Use it as a trend indicator, not an instantaneous measurement: a single dip is normal noise; a sustained drop calls for an inspection.
3. Downhole ESP Assembly (downhole band, right)
The vertical illustration on the right is the downhole assembly — sensor, motor, seal, intake, pump, discharge — with a green / orange / red ESP dot under it that summarises downhole-side health. Tap any element of the assembly to open its detail screen (Motor, Pump, Well, etc.).
Quick Navigation
Tapping any component on either band drills into its detailed view. You can also use the navigation sidebar on the left to jump directly to Motor, Pump, Well, Status, Waveforms, or Events.
Expanded Live Data Overlay
Tapping the live-data area brings up a floating panel that overlays per-phase electrical readings on top of the equipment diagram. The overlay is split into four component-specific blocks plus a downhole panel — one per equipment item along the surface train.

Each block has the same structure: per-phase voltage and current, total harmonics, active power, frequency. The downhole list adds the production-side telemetry.
XFMR SD live data — voltages and currents seen by the step-down transformer.

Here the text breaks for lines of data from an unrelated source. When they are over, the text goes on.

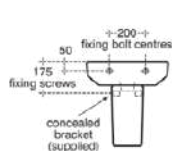

I.LIFE S

T519601

I.LIFE S | Semi-pedestal 170x265x340 mm in white glossy finish

Image & drawing

General information

Product type:	Pedestals
Sub product type:	Semi-pedestal
Brand:	Ideal Standard
Suite name:	I.LIFE S
Designer:	Ideal Standard
Colour:	01 - White Glossy
Surface finish effect:	glossy
Height (mm):	340
Width (mm):	170
Length / Projection (mm):	265
Fixing method:	Fixing set
Net weight (kg):	6.10
EAN code:	5017830557050

Included products

TT0257919: Fixing set

Downloads

- [Spare Parts List](#)

Product specifications

Colour code:	01
Colour description:	white glossy
Material:	Ceramic
Material quality:	Finefireclay
PVD technology:	No
Surface finish effect:	glossy
Fixing method:	Fixing set
Mounting method:	Wall

VSD live data — drive-side voltages, currents and total harmonics.

XFMR SU live data — step-up output voltages, currents, apparent power and frequency.

Wellhead live data — the small wellhead panel at the top right.

Downhole parameters — Intake Pressure, Discharge Pressure, Intake Temperature, Motor Temperature, Vibration, Current Leakage.

The Health Score gauge is still visible underneath so you can read the score and the underlying numbers at the same time.

The overlay is dismissable — tap outside it to fold the panel back in and return to the clean diagram view.
Quick Settings Panel
Swipe in from the right (or tap the battery / USB status in the top bar) to open the Quick Settings panel. From here you can toggle external connections, switch storage between SD Card / Internal Memory / USB, adjust volume / brightness / Power Saver, and read out live ambient and device temperatures.

The panel breaks into four blocks from top to bottom:
Connections — toggles for the external comms link and USB.

Data Storage — choose where screen captures and event recordings get written: SD Card, Internal Memory, or USB.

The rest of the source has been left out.